I wanted to sink into my seat with defeat. With pain. But I couldn’t admit defeat. If it were just me, I would have a long time ago. But I would never stop fighting for my son. “No. Not legally. He wouldn’t sign the papers. We’ve been separated for three years.”

“So you’re still legally married?”

It was then, right then, that I realized that no one would help me get my son back. No one wearing a uniform at least.

So that’s what had me in my car speeding toward the city, googling people without uniforms and with some kind of power.

Which had me landing on Greenstone Security’s website and plugging their location into my GPS.

I didn’t take note of my surroundings as I rushed into the building.

I wasn’t even sure if I’d locked my car. My keys might have still been in the ignition.

I didn’t care.

It was just a car.

A car that I couldn’t afford despite it being a piece of junk and a car I needed to drive Nathan to school. But I wouldn’t need to drive Nathan to school if this didn’t work. That was what had me bypassing the thoughts of my car getting stolen, getting trapped in LA with only a handful of cash in my purse and a near destitute bank account.

I rushed into the cool foyer, it smelled pleasant, clean, calm. It might have been calm. If I wasn’t on the verge of a mental breakdown.

But I couldn’t break.

No.

Not now. Not when my son needed me.

“I need to talk to a private investigator, now,” I said to the woman behind the desk.

Well, more like shouted at the woman across the desk.

I never shouted at people.

Especially strangers.

Especially strangers with kind eyes.

But this wasn’t me.

This was mother without a child.

“Do you have an appointment?” the woman asked, face carefully blank and not reacting to the disheveled, sweaty woman shouting at her in her nice office.

“No, but it’s urgent. I really need to see someone now,” I said, my voice slightly less than a yell now, but still not an appropriate tone for this nice, calm office.

She gave me a kind look. “We are fully booked up right now, but I can refer you to a reputable office—”

I pushed the sunglasses atop my head that I forgot I was wearing just at the same time something moved in the corner of my eye. I didn’t take notice.

“Please,” I whispered. “I don’t have time to drive somewhere else, find someone else. I need someone now.” I paused, my hand shaking as I placed it on the clean black desk. “I need help.” My voice cracked at the end and I was so ashamed at the weakness of it.

I was ashamed. But I wasn’t above using that weakness, preying on other people’s sympathy or pity in order to get them to help me. I wasn’t above anything in trying to get my son back.

The woman gave me both pity and sympathy in seeing my bruised face now my sunglasses weren’t covering it. There was something a lot more human on her face than on the police officer’s earlier today. But there was also something else, a cold professionalism that I guessed someone who worked at a place like this might have to employ to insulate herself against the violence of the world.

I sighed and waited for the rejection.

It was then the shadow at the side of my vision that I hadn’t been paying attention to became actualized.

“Boyfriend do that?” a gruff voice demanded with no warm sympathy or pity, just hostility that sounded like it was permanent.

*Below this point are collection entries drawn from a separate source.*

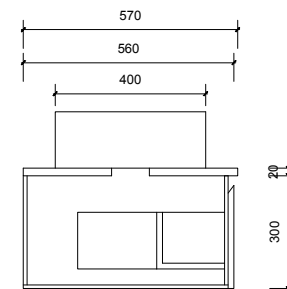

Vanity by Design
ABN: 99 121 837 147

Brisbane Address:
241 Monier Road, Darra QLD 4076

Sydney Address:
10/727 The Horsley Drive,
Smithfield NSW 2164

Phone: Brisbane (07) 3376 6055
Sydney (02) 9604 4892

Email: enquiries@vanitybydesign.com.au
Website: www.vanitybydesign.com.au

Name:	Victoria 1200
Size:	1220 (W) mm x 570 (D) mm x 320 (H) mm
Type:	Wall hung
Cabinet Material:	Solid Sustainable Plantation Timber
Basin Material:	Ceramic over-mount basin, No overflow protection.
Bench Top Finish:	Quartz
Splashback:	Does not include splashback
Tap Hole Option:	No tap hole
Vanity colour options:	Japan Black, Natural, White

Notes:

Mirrors, Wastes and Tapware not included.
Plumbing fixtures must be installed by a qualified plumber (waste not supplied). Vanity must be installed by a qualified tradesperson.
Failure to do so may void the warranty.
Vanity By Design vanities include a 5 year warranty on cabinets and tapware, 2 year warranty on tops and basins and 12 months warranty on mirrors.

Caution:

Component may be heavy and require two people to lift.
Do not stand or sit on vanity.
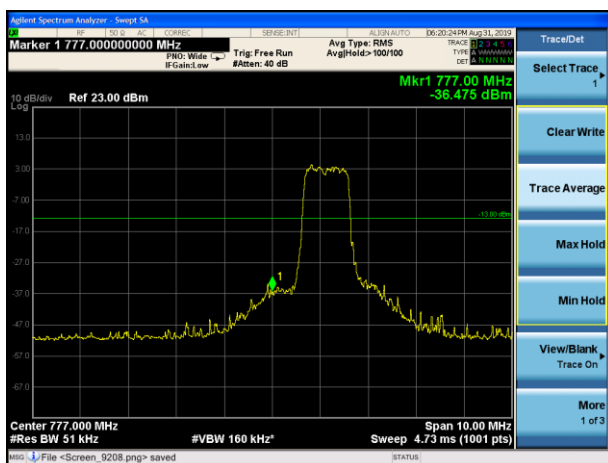

LTE Band 13 16QAM 5MHz CH-Low, 100%RB

LTE Band 13 16QAM 5MHz CH- High, 100%RB

LTE Band 13 16QAM 10MHz CH-Low, 1 RB

LTE Band 13 16QAM 10MHz CH-High, 1 RB

LTE Band 13 16QAM 10MHz CH-Low, 100%RB

LTE Band 13 16QAM 10MHz CH- High, 100%RB

LTE Band 13 QPSK 5MHz CH-Low, 1 RB (763MHz ~775MHz)

LTE Band 13 QPSK 5MHz CH-Low, 1 RB (793MHz ~805MHz)

LTE Band 13 QPSK 5MHz CH-Low, 100%RB (763MHz ~775MHz)

LTE Band 13 QPSK 5MHz CH-Low, 100%RB (793MHz ~805MHz)

LTE Band 13 QPSK 10MHz CH-Low, 1 RB (763MHz ~775MHz)

LTE Band 13 QPSK 10MHz CH-Low, 1 RB (793MHz ~805MHz)

LTE Band 13 QPSK 10MHz CH-Low, 100%RB (763MHz ~775MHz)

LTE Band 13 QPSK 10MHz CH-Low, 100%RB (793MHz ~805MHz)
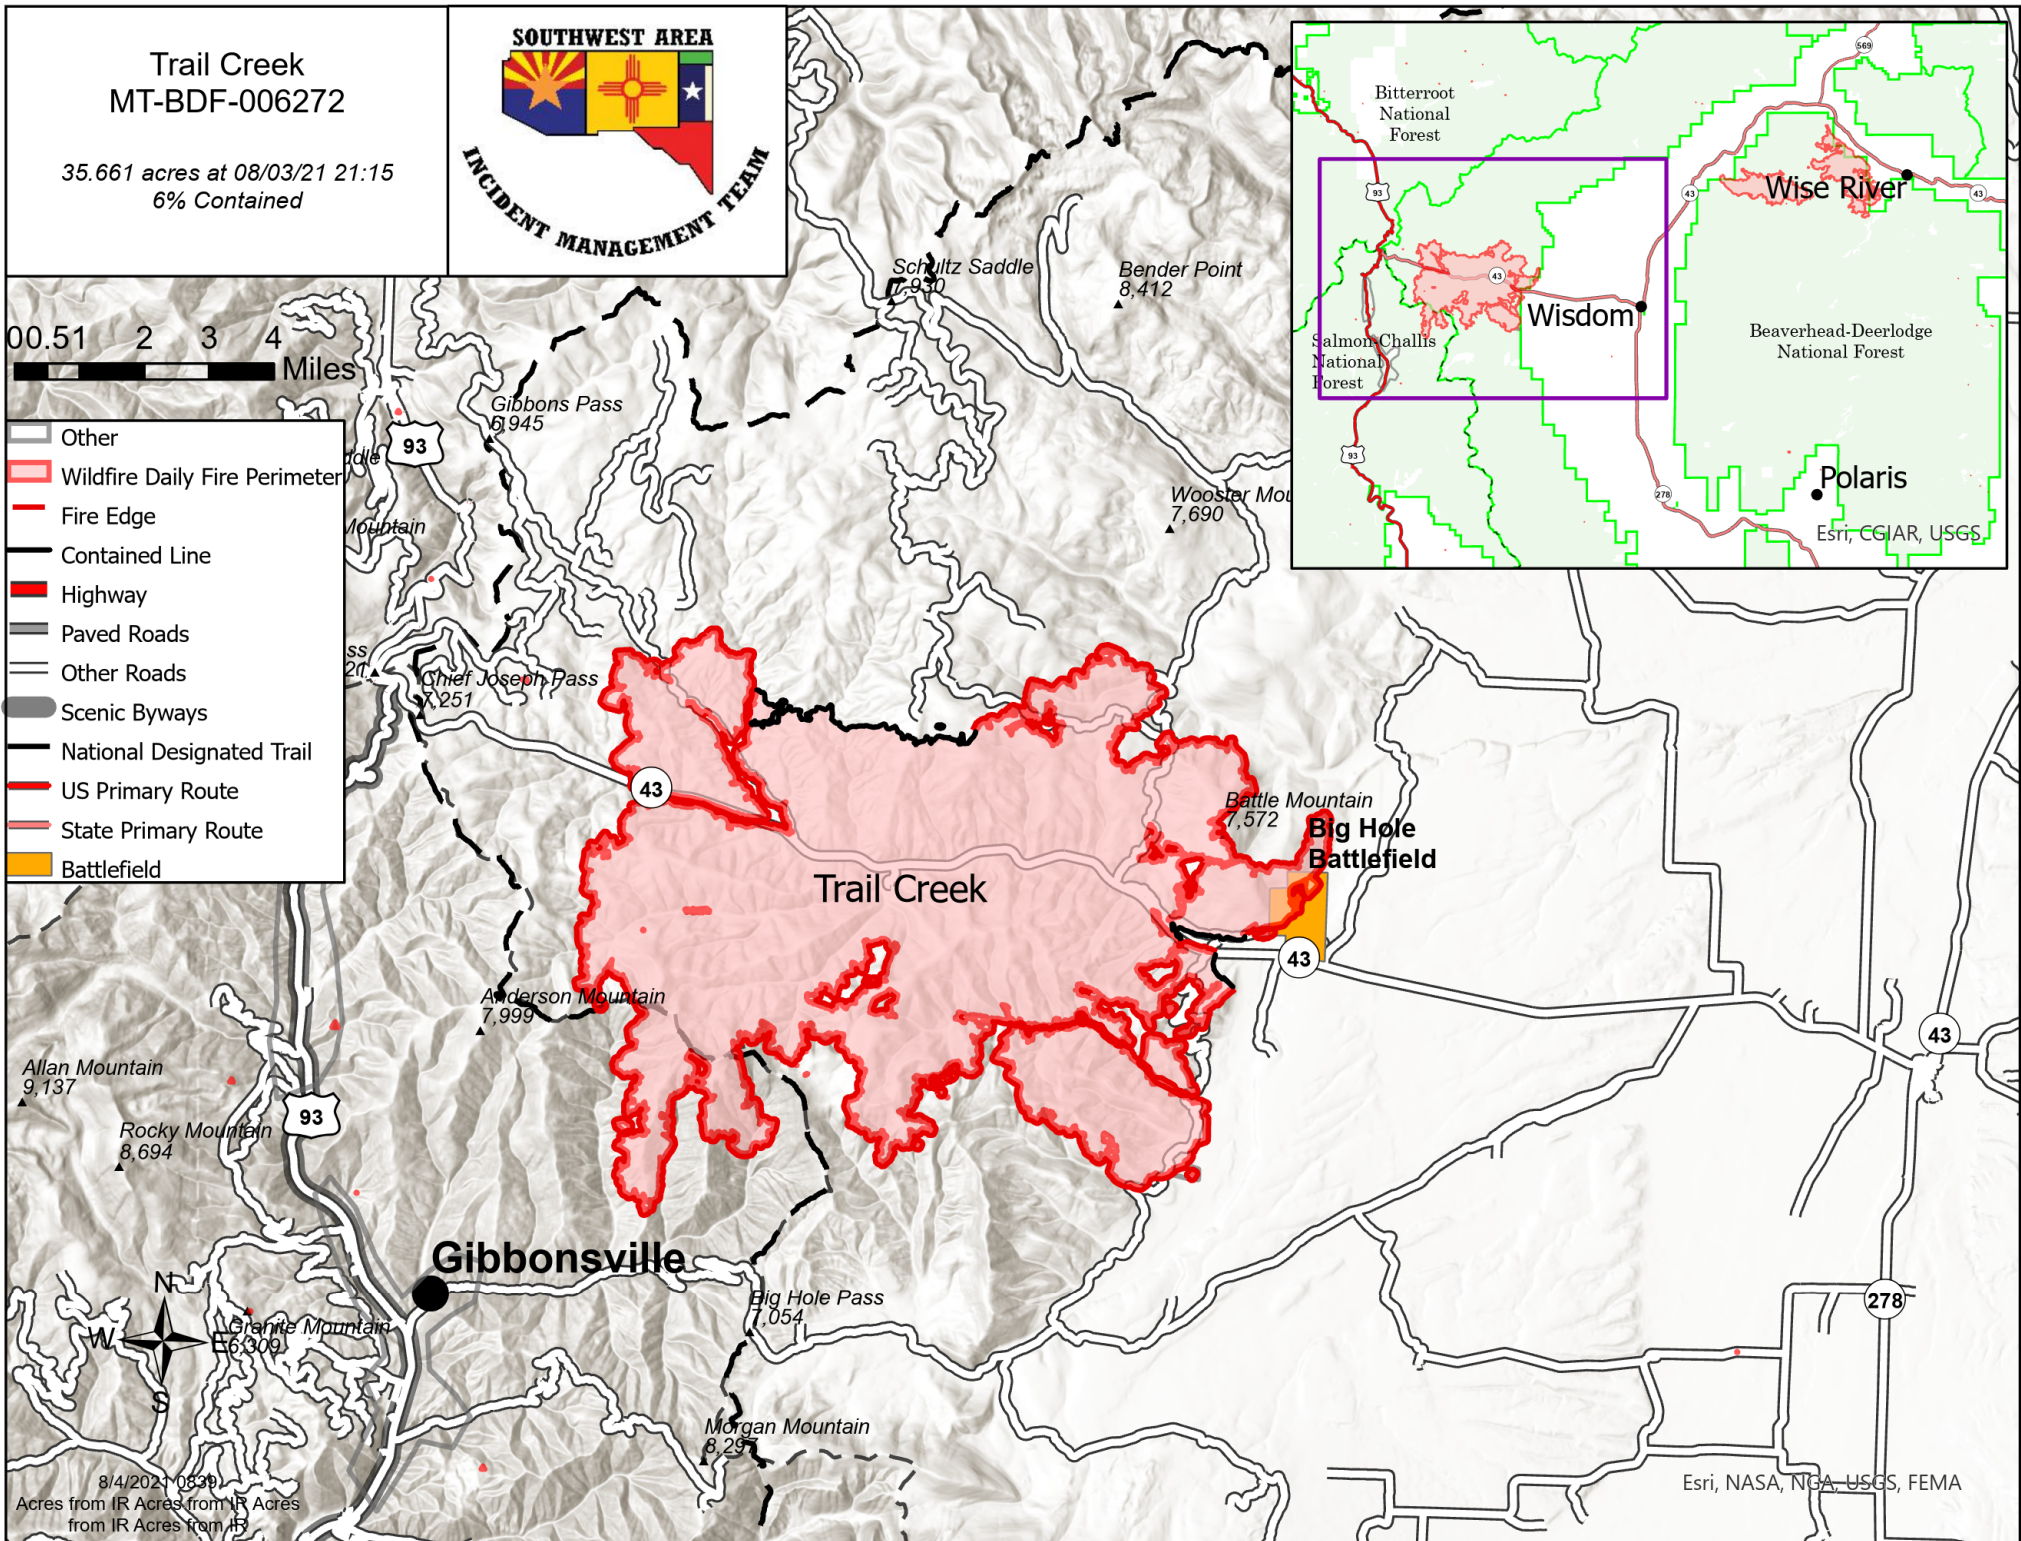

Trail Creek MT-BDF-006272

35.661 acres at 08/03/21 21:15
6% Contained

- Other
- Wildfire Daily Fire Perimeter
- Fire Edge
- Contained Line
- Highway
- Paved Roads
- Other Roads
- Scenic Byways
- National Designated Trail
- US Primary Route
- State Primary Route
- Battlefield

8/4/2021 08:39
Acres from IR Acres from IR Acres
from IR Acres from IR

Esri, NASA, NGA, USGS, FEMA
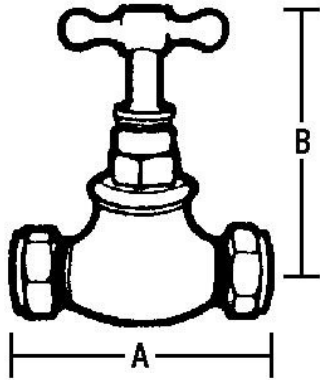

Pegler Valve

Gunmetal stopvalve (BS 1010), crutch top, polyethylene x copper

PL59A Stopvalve

General Information

Size	Pattern No.	Pack 1 Qty	Pack 2 Qty	Code	Barcode	Price (£) each ex VAT
32x28mm	PL59A	1	2	504059	5022050546302	£181.07

PL59A Stopvalve

Dimensions

Code	Description	A	B	Kg
504059	28X32MM PL59A GUNMETAL STOPVALVE PL X C	131	1	

Pegler Yorkshire reserve the right to change specifications

Pressure and Temperature

Description	Minimum Operating Pressure (bar)	Maximum Cold Working Pressure (bar)	Maximum Hot Working Pressure (bar)
PL59A Stopvalve	No Minimum Operating Pressure	16.0 bar at temperatures up to 30oC	5.0 bar at temperatures up to 120oC

PL59A Stopvalve

Spare Key	Description	Code	Barcode	Date From	Date To	Price (£) ex VAT
		1				

Spare Key	Description	Code	Barcode	Date From	Date To	Price (£) ex VAT
1	25MM PL105 METRIC SIZE DZR CAPNUT	860208	5013866024047	01/01/1900	08/03/2022	£0.00
1	15MM 105 PRESTEX TYPE A BRASS CAPNUT	860097	5013866023774	01/09/2003	To Current	£4.63
1	20MM PL105 METRIC SIZE DZR CAPNUT	860207	5013866024030	01/01/1900	08/03/2022	£0.00
1	15MM 105 PRESTEX TYPE A BRASS CAPNUT	860097	5013866023774	01/09/2003	To Current	£4.63
1	22MM 105 PRESTEX TYPE A BRASS CAPNUT	860068	5013866023729	01/09/2003	To Current	£7.90
1	25MM PL105 METRIC SIZE DZR CAPNUT	860208	5013866024047	01/01/1900	08/03/2022	£0.00
1	28MM 105 PRESTEX TYPE A BRASS CAPNUT	860069	5013866023736	01/09/2003	To Current	£10.81
1	32MM PL105 METRIC SIZE DZR CAPNUT	860209	5013866024054	01/01/1900	08/03/2022	£0.00
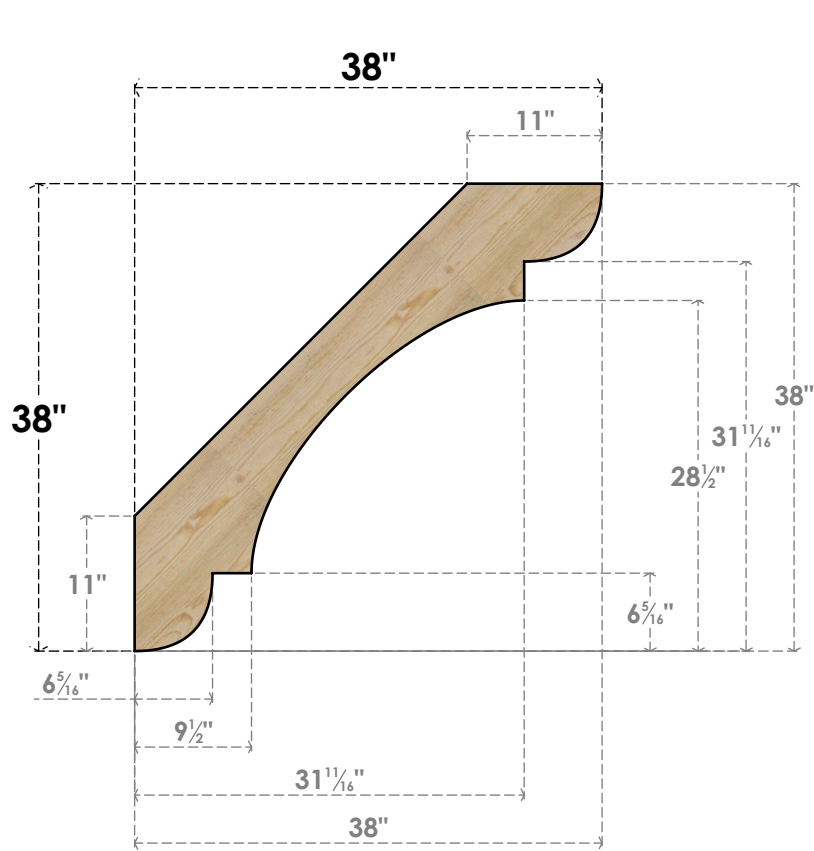

BRC06X38X38OLY00RDF

6"W X 38"D X 38"H OLYMPIC ROUGH SAWN BRACE, DOUGLAS FIR

SIDE

FRONT

EKENA MILLWORK
 2300 WEST MAIN ST.
 CLARKSVILLE, TX 75426
 TOLL FREE: 866-607-0453
 WWW.EKENAMILLWORK.COM

NOTES

1. INSTALLATION TO BE COMPLETED IN ACCORDANCE WITH MANUFACTURER'S SPECIFICATIONS.
2. DRAWING MAY NOT BE TO SCALE
3. THIS DRAWING IS INTENDED FOR DESIGN AND PLANNING PURPOSES ONLY.
4. ALL INFORMATION CONTAINED HEREIN WAS CURRENT AT THE TIME OF DEVELOPMENT BUT MUST BE REVIEWED AND APPROVED BY THE PRODUCT MANUFACTURER TO BE CONSIDERED ACCURATE.
5. PRODUCTS ARE NOT KILN DRIED. THIS ITEM IS UNIQUE AND WILL CONTAIN THE NATURAL VARIATIONS THAT THE WOOD SPECIES OFFERS. THIS MAY RESULT IN VARIATIONS UP TO 1/4"
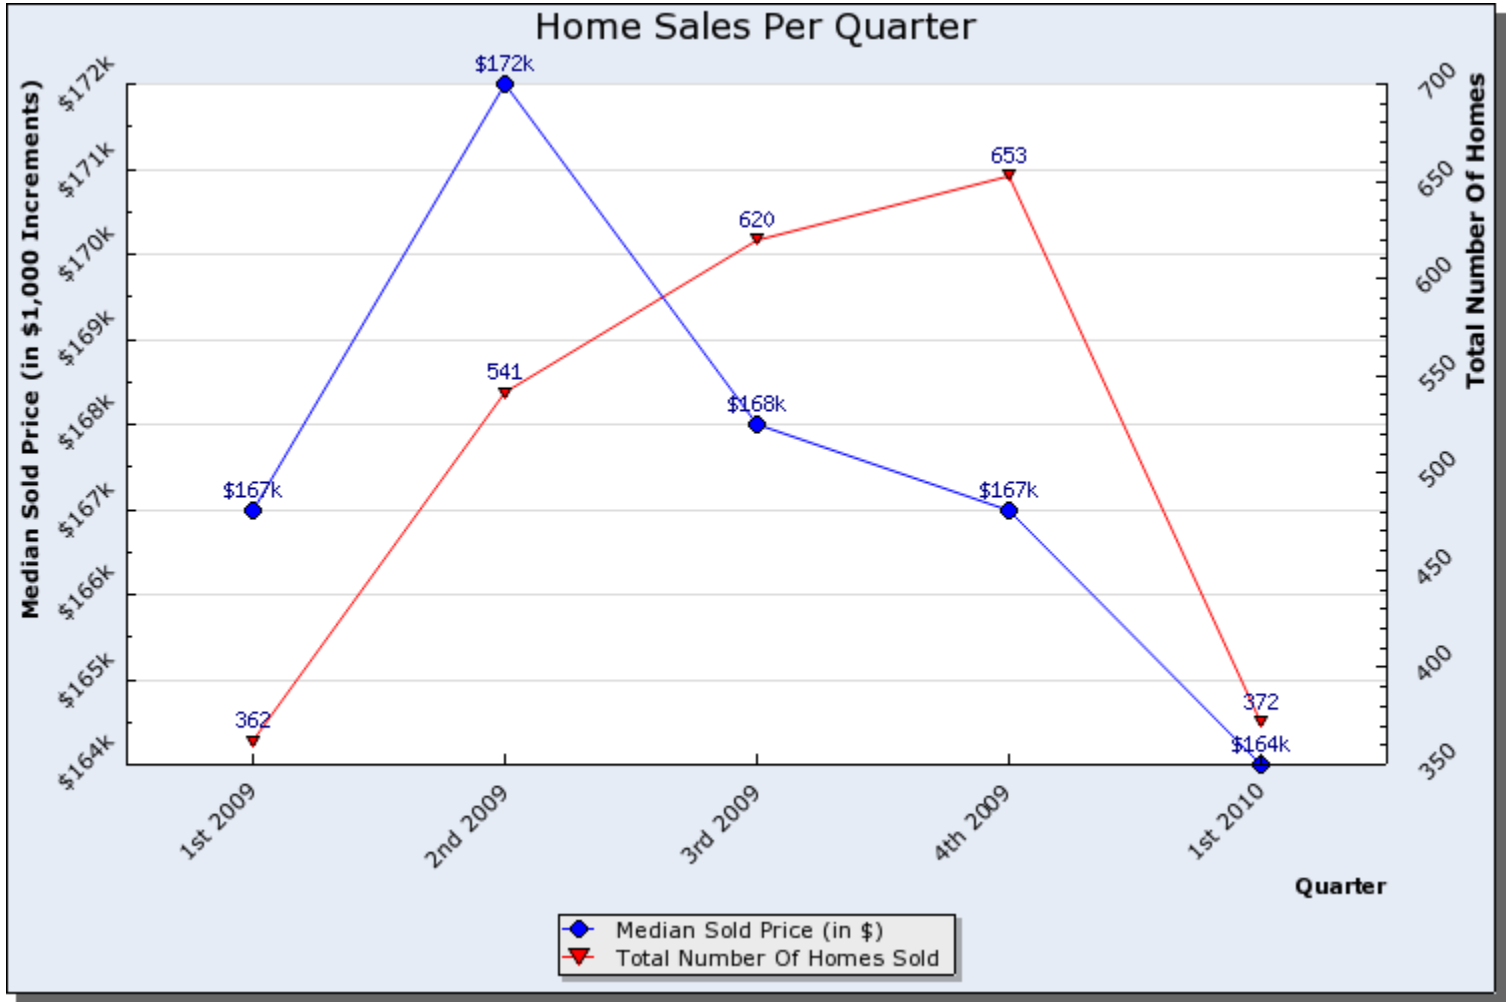

Home Sales Graph Report

Search Criteria: State is Utah, Property Type is Condo or PUD or Townhouse, County is Salt Lake

Prepared By:
Brad Dundas
Stonebrook Real Estate
801-550-0330

This report was generated automatically by the Wasatch Front Regional MLS on 05/27/2010 at 04:20 PM

The voice did something to my already frayed nerves, exposed to the root. It flayed them. Turning fully to focus on the owner of the voice that did more than fray my nerves.

It shattered them.

Because the man in front of me had an aggression to his face, to his aura that was so much more violent and saturating that had been in his voice.

Robert had hated that. The fact I felt people’s auras. That I believed in phases of the moon, in burning sage, in crystals bring positive energy, that I had a tarot deck and studied astronomy.